He is far more direct and aggressive than his brother; when they arrived on Earth, he attacked the Rangers directly and abducted Andrew Hartford to secure the Corona crown. He is responsible for far more attacks and schemes than Flurious and as a result has seen more success – he gained possession of the Corona and once stole the Compass relic right as the Rangers retrieved it. He is vicious and merciless; in his debut, he unleashed a volcanic eruption on San Angeles merely as a diversion, and in later instance killed some of his Lava Lizards just because he was angry.

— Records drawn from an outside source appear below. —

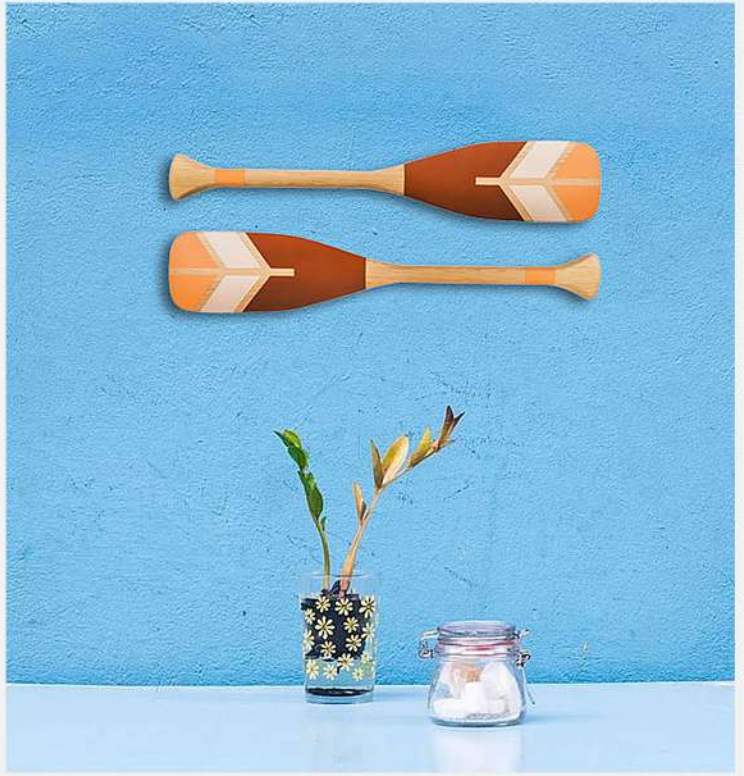

*A great gift idea for a fan of
water sports*

Dimensions of individual products

Painted paddles

120 cm.....2-9

Mini painted paddles

110 cm.....10-12

Painted gadget paddles

60 m.....13-16

Painted Paddle
WZ4

Painted Paddle
WZ5

Painted Paddle
WZ7

Painted Mini Paddle
WZ1

Painted Mini Paddle
WZ3

Painted Gadget Paddle
WZ1

Painted Gadget Paddle
WZ2

Painted Gadget Paddle
WZ4

Painted Paddle Beavertail
WZ1

Painted Paddle Beavertail
WZ3

Painted Oar
With Counterweight
WZ1

Painted Oar
With Counterweight
WZ2

Painted Oar
With Counterweight
WZ3

Painted Oar
WZ1

Painted Oar
WZ2

Hangers
3 or 4 hooks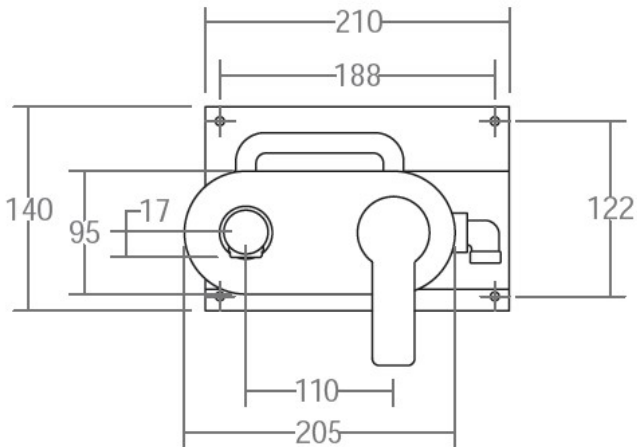

SPECIFICATION SHEET

Manufacturer	RAMON SOLER-SPAIN
Model	RS-Q
Description	BUILT-IN WASH BASIN MIXER
Finish	CHROME
Article Code	9320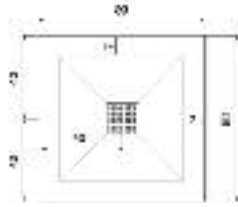

Style	Size	White	Colours
Standard	80 x 80cm	S2220251	S2220350
Double Rim	80 x 80cm	S2220274	S2220373
Long Edge Rim	80 x 80cm	S2220298	S2220396
Short Edge Rim	80 x 80cm	S2220321	S2220419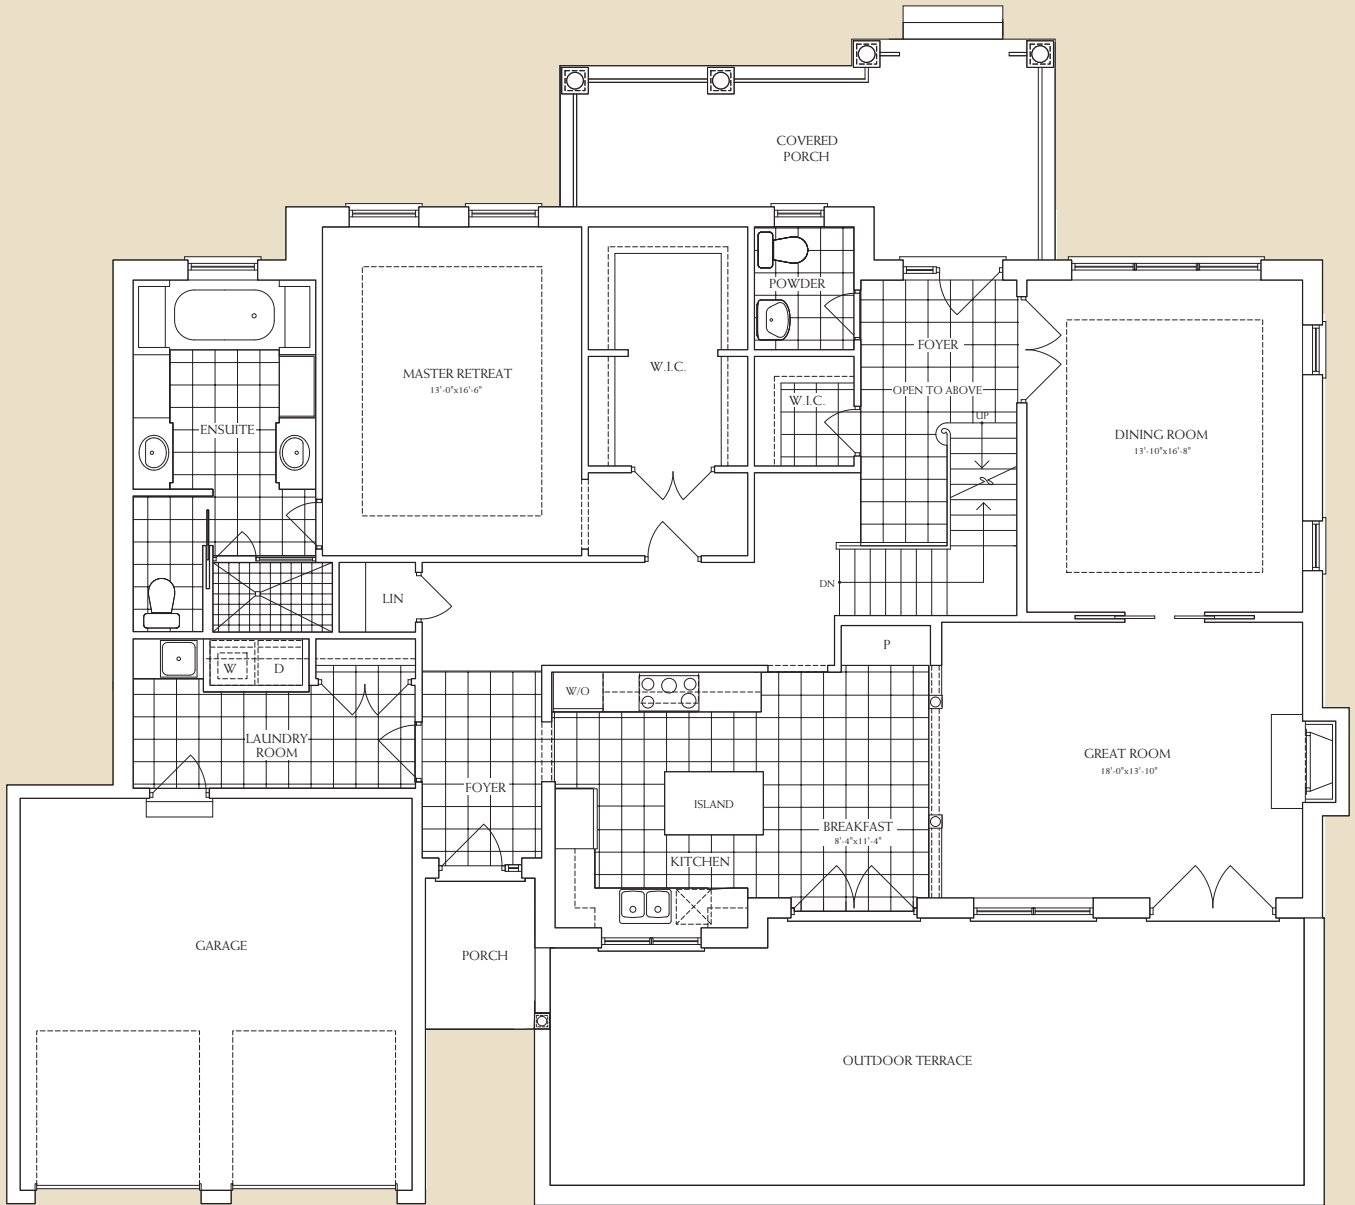

THE BUNGALOWS

T H E H A D S L E I G H ~ A
4 , 6 5 2 S Q U A R E F E E T

Daniels
love where you live™

THE BUNGALOWS

THE HADSLEIGH ~ A 4,652 SQUARE FEET

MAIN LEVEL - 2,083 SQ. FT.

THE BUNGALOWS

THE HADSLEIGH ~ A 4,652 SQUARE FEET

LOWER LEVEL - 2,003 SQ. FT.

THE BUNGALOWS

THE HADSLEIGH ~ A
4,652 SQUARE FEET

LOFT LEVEL - 566 SQ. FT.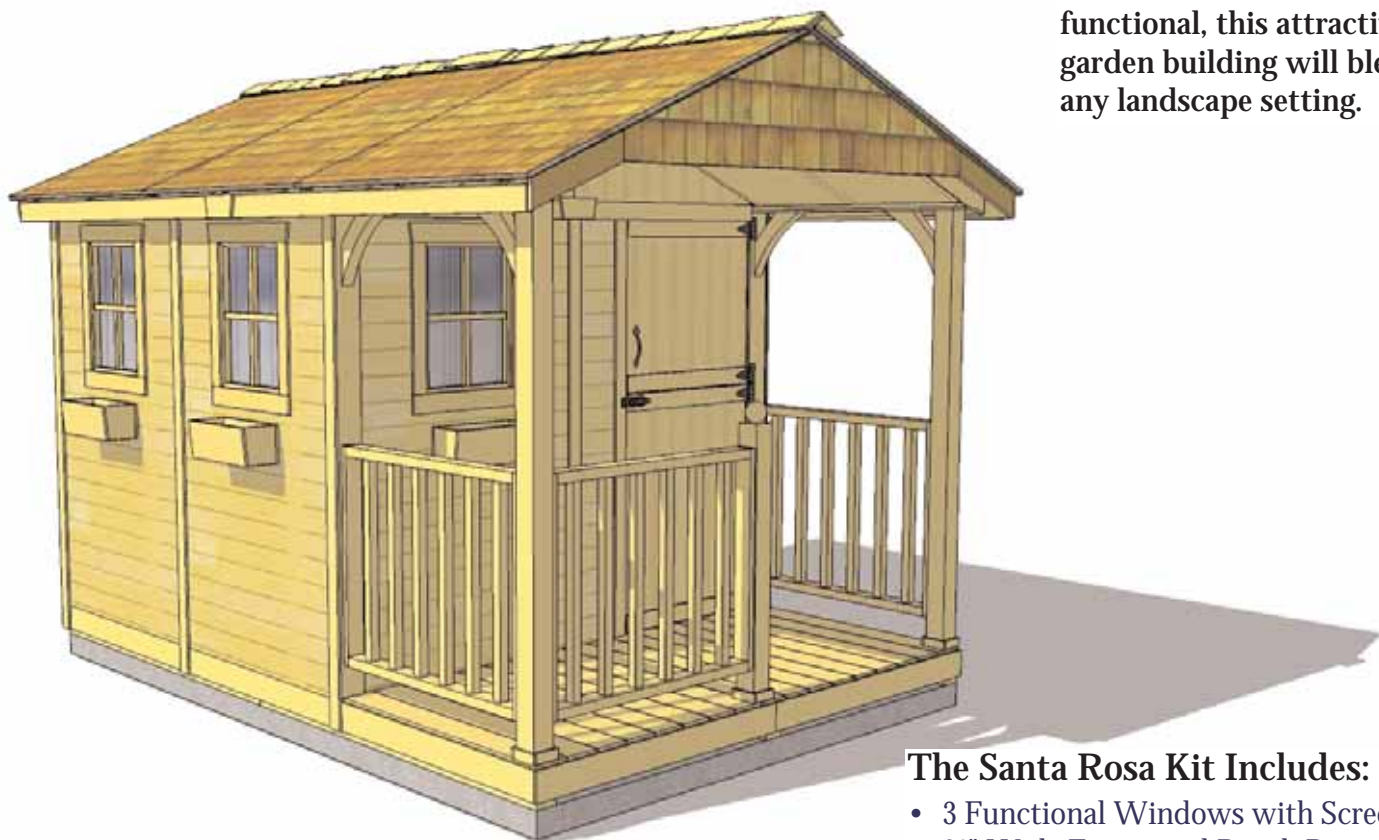

8'x12' Santa Rosa Garden Shed

Item#SR812

The Santa Rosa is an ideal garden shed for mom, a playhouse for the kids, or a retreat for dad. Versatile and functional, this attractive cedar garden building will blend into any landscape setting.

The Santa Rosa Kit Includes:

- 3 Functional Windows with Screens
- 31" Wide Functional Dutch Door
- Decorative Cedar Shingle Gables
- Western Red Cedar Construction
- 4 ft Cedar Deck on Porch
- Mahogany Veneer on Interior Panels
- Cedar Roof with Shingles Already Attached
- Panelized For Quick Assembly
- Hardware Included (screws and nails).

Specifications:

- A: Outside Height = 105"
 B: Outside Wall Depth = 138 1/2"
 C: Outside Wall Width = 98"
 D: Enclosed Shed Depth = 93"
 E: Porch Depth = 44"
 F: Front Porch Roof Height = 78"
 G: Window Openings = 14" x 20"
 H: Door Dimensions = 31" w x 72" h

His grudge with his brother has left them bitter enemies. He wishes for his brother to respect him, and tried to achieve this by taking control of the weather and flooding the planet. Moltor agrees to Flurious' suggestion that with Miratrix and Kamdor searching for the crown, the two brothers are better off working together. However, Mack used their own suspicions and hatred of each other to set them fighting again. Despite this failed alliance, he later joined forces with the Fearcats and had much more success with them than Flurious did: constructing a Cybernetic Rex capable of defeating the DriveMax Ultrazord, capturing Ronny to use as a power source, and briefly turning the Sentinel Knight evil.

With his volcano lair falling apart due to Flurious' jewel, Moltor decided to lead his lava lizards in an all out attack on the rangers to gain the remaining jewels. Mack arrived to get the crown from Moltor and a vicious battle ensued, which ended when the other rangers came to get Mack out. Barely surviving the battle and the destruction of his lair, Moltor came to Flurious' den with Tyzonn's fiancé, Vella, and the crown. In his weakened state, Flurious was easily able to destroy him and take the crown.

Moltor was featured in Power Rangers: Super Legends. He is the villain faced in the Operation Overdrive section of both versions. In the console version, Moltor even becomes giant and fights the Drivemax Ultrazord.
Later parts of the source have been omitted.